Here’s one ‘high-verbal, low-math girl’ who thrived in the tech world

Karen Wickre did not plan on entering the tech industry.

She admits she had no real plan at all. A self-described “hippie,” all she knew was that she had to find a way to support herself. And with not one but two degrees in American studies – a bachelor’s from Wittenburg University and a master’s from George Washington University, focusing on literature, history and art – the path forward wasn’t well defined.

About the tech industry, however, she “knew nothing,” she said in a recent telephone interview. “I’m a typical high-verbal, low-math girl. Not at all technically adept.”

So how did a high-verbal, low-math girl end up being among the highest ranking female executives at both Google and Twitter?

She says she fell into it. But she’s also quick to give credit where due: to her mother, who insisted she learn to type in high school.

“I fell into office jobs very quickly and easily. That’s always what I did. That’s what my mom did,” said Wickre, a Washington, D.C., native who now lives in San Francisco. “But what I discovered early, quite by accident, was I’d work in office … and people would say – and I was 23 in my first out-of-college job – ‘Have Karen look at that before it goes out.’ I was a good editor, but I hadn’t really thought about that.”

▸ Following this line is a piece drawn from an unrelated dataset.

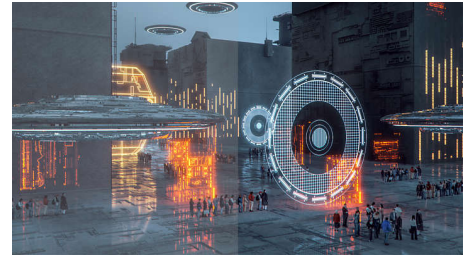

SmartImage-gamemodus

Het nieuwe Philips-gamedisplay heeft snelle toegang die speciaal op spelers is afgestemd, en die verscheidene opties biedt. De "FPS"-modus (First person shooting voor schietspellen) verbetert donkere delen van games, zodat u verborgen voorwerpen in donkere gebieden beter ziet. De "Racing"-modus stelt het display in voor de snelste responstijd, intense kleuren en beeldaanpassingen. De "RTS"-modus (Real time strategy voor strategiespellen) heeft een speciale SmartFrame-modus die het duidelijker maken van specifieke gebieden mogelijk maakt en het aanpassen van afmetingen en beelden toelaat. Met Gamer 1 en Gamer 2 kunt u persoonlijke instellingen opslaan, gebaseerd op verschillende games, voor de beste prestaties.

She parlayed that knack for editing into work in the early days of computer magazines – think PC World and MacWorld – as personal computing was booming.

“I loved the fast pace of change. I love the interesting characters. I love the nerdy humor and self-deprecating humor,” she said. “So I’ve just stayed in it.”

After working in publishing and marketing, she joined Google in 2002, just as the company name was becoming widely accepted as a verb. After nearly a decade at Google – her title was senior media liaison in global communications and public affairs – she went to Twitter as editorial director.

Wickre will share stories from her life as a woman in tech, and talk about her book, “Taking the Work Out of Networking: An Introvert’s Guide to Making Connections That Count,” when she comes to Spokane on Nov. 14 for the Northwest Passages Book Club presentation, “Making Life Work on Your Terms,” a conversation with Wickre and award-winning radio journalist Tess Vigeland.

Wickre knows about making life work on her own terms. In March 2016, she left Twitter for life as her own boss. She formed the communications consulting practice where she helps companies with messaging and telling their stories. She is loving the flexibility that provides her.

“I am interested in this notion of making these authentic connections and that’s why I wrote the book on networking,” Wickre said. “But I don’t want my career from here on out to be networking tips. I’m interested in these other things. … That’s sort of the fun of it.”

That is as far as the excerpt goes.